"Dreikäsehoch 2006" geht nach Emden
(bikl/idw) Die Emdener Kindertageseinrichtung "Schwabenstraße" erhält den Kita-Preis "Dreikäsehoch 2006" der Bertelsmann Stiftung. Mit ihrem Konzept zur Verbesserung der Lebens- und Bildungschancen von sozial benachteiligten Kindern setzte sie sich gegen rund 200 Mitbewerber aus ganz Deutschland durch. Der Preis in Höhe von 4.000 Euro wurde am 26. Februar, am Vorabend der Bildungsmesse didacta 2007, in Köln vergeben.
27.02.2007 Artikel"Mit dem Thema des diesjährigen Kita-Preises 'Jedes Kind mitnehmen - Bildungschancen für Kinder aus sozial benachteiligten Familien' greift die Bertelsmann Stiftung ein gesellschaftlich und bildungspolitisch hoch relevantes Thema auf", so Johannes Meier, Vorstandsmitglied der Bertelsmann Stiftung. Der Kindertageseinrichtung als erster Bildungsinstitution eines Kindes jenseits der Familie komme eine besondere Bedeutung zu. Als Lern- und Lebensort, der von nahezu allen Gesellschaftsgruppen genutzt wird, könne die Kita dazu beitragen, herkunftsbedingten Benachteiligungen bereits in den frühen Lebensjahren entgegen zu wirken. "Investitionen in die frühkindliche Bildung sind sinnvoll, da kostspielige Sozialleistungen zu einem späteren Zeitpunkt vermieden werden. Bildungspolitik ist immer auch Sozialpolitik", betont Johannes Meier.

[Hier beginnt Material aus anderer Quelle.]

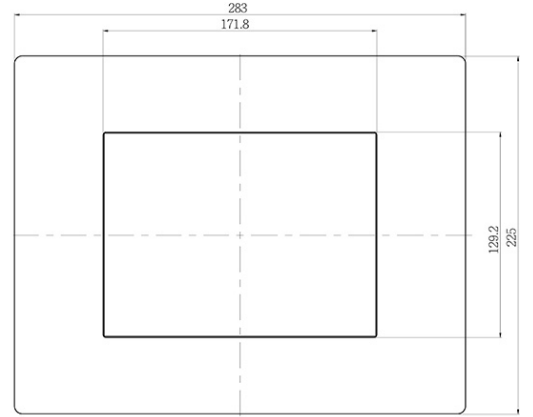

NEMA4X/IP65 FRONT STAINLESS STEEL PANEL MOUNT PANEL PC

Panel PC IP65 front Stainless Panel Mount, 8.4" LCD monitor, 800 x 600, LED LED 450 nits wide temperature, Intel Core i5 CPU, Dual Channel DDR4 SO-DIMM 2400 MHz, 2 x Display Port, 4 x USB, 2 x LAN

SPECIFICATIONS:

Panel	Cell Type / Glass Surface	TFT LCD / Black Anti-Glare, low reflection coating
	Aspect Ratio / Size	4 : 3 / 8.4" viewable diagonal area
	Active Area / Pixel Pitch	170.4(H) x 127.8(V) mm / 0.213(H) x 0.213(V) mm
	Native Resolution / Colors	800(H) x 600(V) / 262 K
	Brightness / Contrast	450 cd/m2 (typ) / 600 : 1
	Response Time	≤ 30 ms
	Viewing Angle (typical)	H. 160° (- 80° ~ + 80°) , V. 140° (- 70° ~ + 70°)
	Light Source	LED backlight, Long life, 35,000 hrs (typ)
System	CPU	Intel® Core i5 Processors Intel® 8th Gen (Whiskey lake-U) Core™ MCP Processors
	System / Graphic Chipset	SoC
	System Memory	Supports Dual Channel DDR4 SO-DIMM 2400 MHz, up to 32GB
	HDD	2 x SATA
	I/O port	2 x Display port
		4 x USB 3.0
		2 x LAN
Expansion	1 x Power	
Power	Power Input	12V DC-IN (Lockable connector)
	Power Consumption	43.68 Watt,
Operating Condition	Temperature / Humidity	30°C ~ 80°C (22°F ~ 176°F) , 10% ~ 90% (no condensation)
Dimensions	Physical	Please refer to Drawing
	Carton	W x H x D = TBD

MECHANICAL DRAWING:

Wall Max Depth is 12mm.
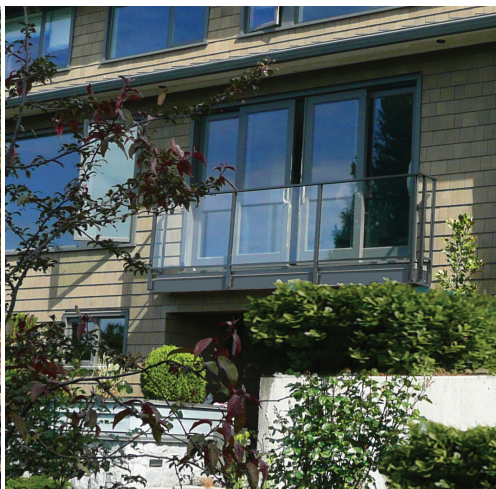

“*The coastline of British Columbia is both rugged and pristine. From the rocky outcroppings battered by the wind and sea, to the lush flora that resides on the forest floor, this landscape is distinctively West Coast.*”

 **arris**ARCHITECTURE

“*The Cape on Bowen offers an exceptional opportunity to capture and enjoy the “West Coast” experience from your home or vacation property.*”

“ Our architecture responds to the subtleties of place, whether man-made or natural, to the complex nature of people and cultures and to the rich possibilities of materials and methods of construction. ”

We provide complete architectural services within an open and collaborative studio centrally located in Vancouver BC. We provide personalized service and facilitate the entire design and construction process to ensure our clients goals are achieved. Our creative team of architects can help you build a home that is bold, yet practical, environmentally responsible and authentic.
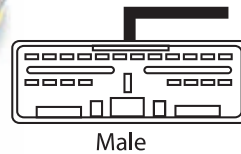

AP1053

9 317114 876461

Falcon EA-ED 1988-94 - Aftermarket Radio Harness

• This Harness is to be wired to your aftermarket radio's loom and plugs into your vehicle's wiring harness.
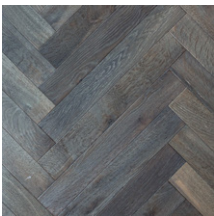

We love everything about the look of Herringbone flooring. No other floor choice has the ability to transcend the gap between classic and contemporary. This collection is composed of genuine French Oak that is finished in a selection of our six most popular Signature Range Oak colour schemes.

COLOURS

Smoked Linen

Driftwood

Apollo*

Moondance

Oatmeal Stout

Adirondack*

PRODUCT DETAILS
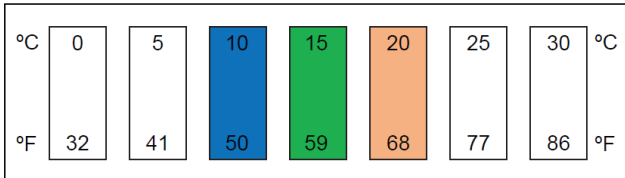

Regulatory Compliance

Compliant

RoHS 2015:

[View](#)

Certificate of Conformance:

Compliant

Reach 247:

Product Details

- Reversible Color Change Thermometers
- Instant Response and Continuous Readout
- 30 Celsius Degrees Ranges between 0 to 120°C

Liquid Crystal Thermometers are self-adhesive temperature indicators with instant response that provide a continuous readout of temperature. These thermometers are divided into 7 elements, each corresponding to a 5 Celsius degrees increment of their specified temperature range. Each element changes in sequence of orange to yellow (below specified temperature), green (at specified temperature), and blue (above specified temperature). Liquid Crystal Thermometers are available with 30 Celsius degrees temperature ranges between 0 to 120°C and are ideal for drying, curing, process control, or general temperature monitoring applications. These thermometers are reversible and will change color in opposite order (blue, green, yellow, orange) as temperature decreases.

Technical Information
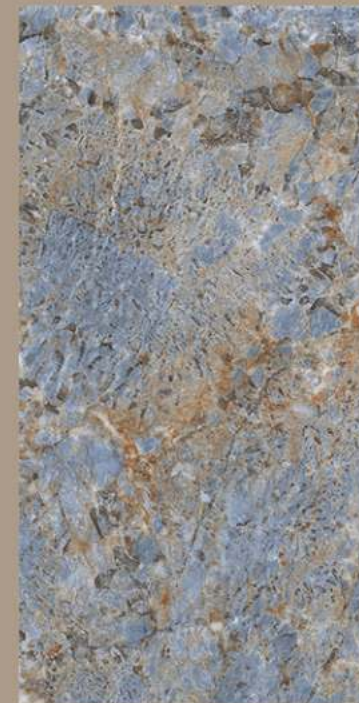

CRYTOS BLUE

**600X
1200MM**

GLOSSY SURFACE
RANDOM-04
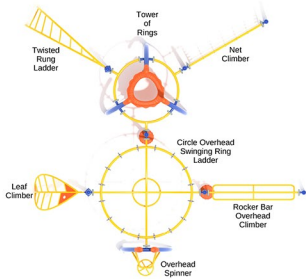

Sears Bellows

SKU: PGP011

Safety Zone: 31' x 35' 4"

Age Range: 5 - 12 years

\$9,876.00

Post Size: 4.5 inch

Child Capacity: 16 - 22

Fall Height: 96"
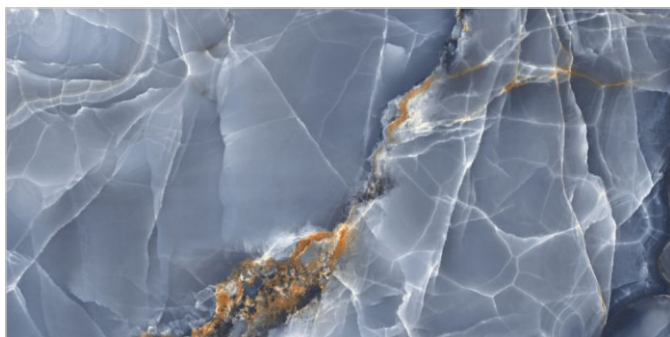

TILES NAME
1998 PREZIOSI GREEN

FORMAT
600X1200MM

SURFACES
HIGH GLOSS

05
RANDOM

FLAVOUR
GRANITO[®]
Elegance of Nature ... Amplified

Back to
Index >>>

www.flavourgranito.com

1998 PREZIOSI GREEN
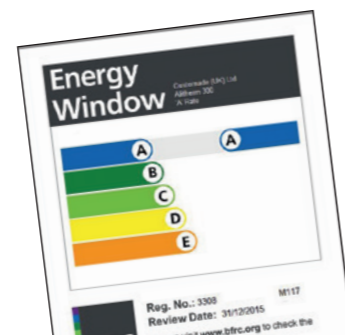

Energy ratings

Windows are assessed by the British Fenestration Rating Council (BFRC) and rated using a familiar A to G scale on the basis of their total energy efficiency, where an A-rated window is more energy efficient than a G-rated window. This rating covers the frame material, the frame design, the glass type and all the other components that make up the window.

Energy-rating performance is calculated using the special properties of the window frame, the glass coatings, and the gasses used in the sealed glass unit.

Each energy-rated window will be supplied with a rating showing its energy performance and could be a valuable factor should you decide to sell your home in the future.
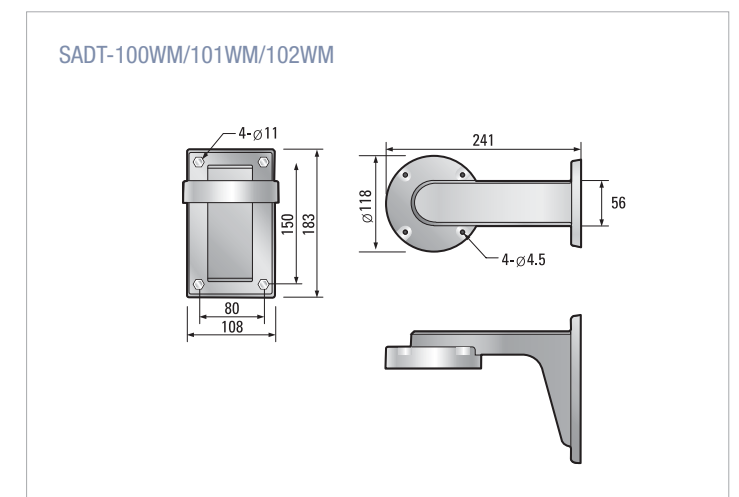

Dimensions (unit:mm)

Die Kita "Schwabenstraße" habe ein vorbildliches pädagogisches Konzept entwickelt, das auch strukturell überzeuge, so Meier: "Es zeigt, wie allen Kindern der Zugang zu Bildung ermöglicht werden kann, wenn verschiedenste Professionen zusammen arbeiten. Dabei stehen die Bedürfnisse der Kinder und ihrer Familien stets im Mittelpunkt."
Der mit 2.500 Euro dotierte und vom Aktionskreis Psychomotorik sowie dem ALS-Verlag zur Ver¬fügung gestellte zweite Preis geht in diesem Jahr an die Integrative Kindertagesstätte "Momo" in Pforzheim. Einen Gutschein des Ravensburger Spieleverlages im Wert von 1.500 Euro sowie 350 Euro vom ALS-Verlag erhält die Ev.-luth. Kindertagesstätte mit Familienzentrum an der Corvinuskirche in Hannover für ihren dritten Platz. Die Bewerbungen wurden in zwei Runden anhand unterschiedlicher Qualitätskriterien von einer sechsköpfigen Fach-Jury bewertet. Neun Bewerber kamen in die Endauswahl.